◆ **Exercise directions**
The records are to be repeated in full, with the images removed.

[Stored data]
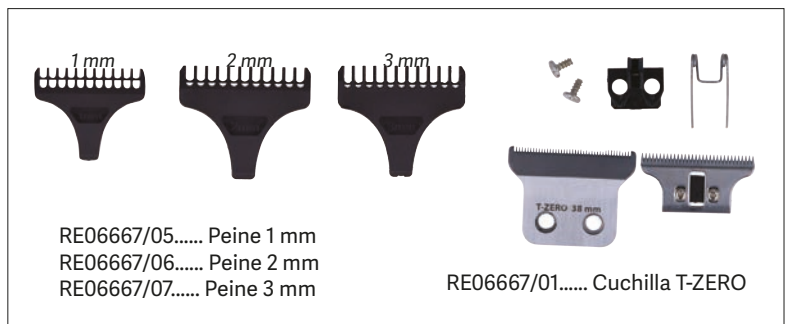

Máquina de retoque recargable de "RAGNAR" DRAKE, diseñada para el uso del profesional. Motor potente y de larga duración, súper silencioso y de baja vibración. Fabricada con materiales de alta calidad y de última generación.

Máquina de retoque recarregável "RAGNAR" DRAKE, projetada para uso profissional. Motor potente e duradouro, super silencioso e baixa vibração. Feito com materiais de alta qualidade e de última geração.

- 7.000 R.P.M.
- Autonomia 5 h
- Cabezal de corte de 38 mm
- Cuchilla fija de Acero Inoxidable.
- Peine adaptador para medida de corte (1,2 y 3 mm)
- Cepillo de limpieza.
- Bote de aceite lubricante.
- Cable de alimentación.
- Tapa transparente.
- Base de recarga.

- 7.000 R.P.M.
- Autonomia 5 h
- Cabeça de corte de 38 mm
- Lâmina fixa em aço inoxidável.
- Adaptador de pente para medição de corte (1,2 e 3 mm)
- Escova de limpeza.
- Lubrificante de óleo.
- Cabo de alimentação.
- Tampa transparente.

RECAMBIOS · SUBSTITUIÇÃO

◆ **Task output**
Máquina de retoque recargable de "RAGNAR" DRAKE, diseñada para el uso del profesional. Motor potente y de larga duración, súper silencioso y de baja vibración. Fabricada con materiales de alta calidad y de última generación.

Máquina de retoque recarregável "RAGNAR" DRAKE, projetada para uso profissional. Motor potente e duradouro, super silencioso e baixa vibração. Feito com materiais de alta qualidade e de última geração.

- 7.000 R.P.M.
- Autonomia 5 h
- Cabezal de corte de 38 mm
- Cuchilla fija de Acero Inoxidable.
- Peine adaptador para medida de corte (1,2 y 3 mm)
- Cepillo de limpieza.
- Bote de aceite lubricante.
- Cable de alimentación.
- Tapa transparente.
- Base de recarga.

- 7.000 R.P.M.
- Autonomia 5 h
- Cabeça de corte de 38 mm
- Lâmina fixa em aço inoxidável.
- Adaptador de pente para medição de corte (1,2 e 3 mm)
- Escova de limpeza.
- Lubrificante de óleo.
- Cabo de alimentação.
- Tampa transparente.

RECAMBIOS · SUBSTITUIÇÃO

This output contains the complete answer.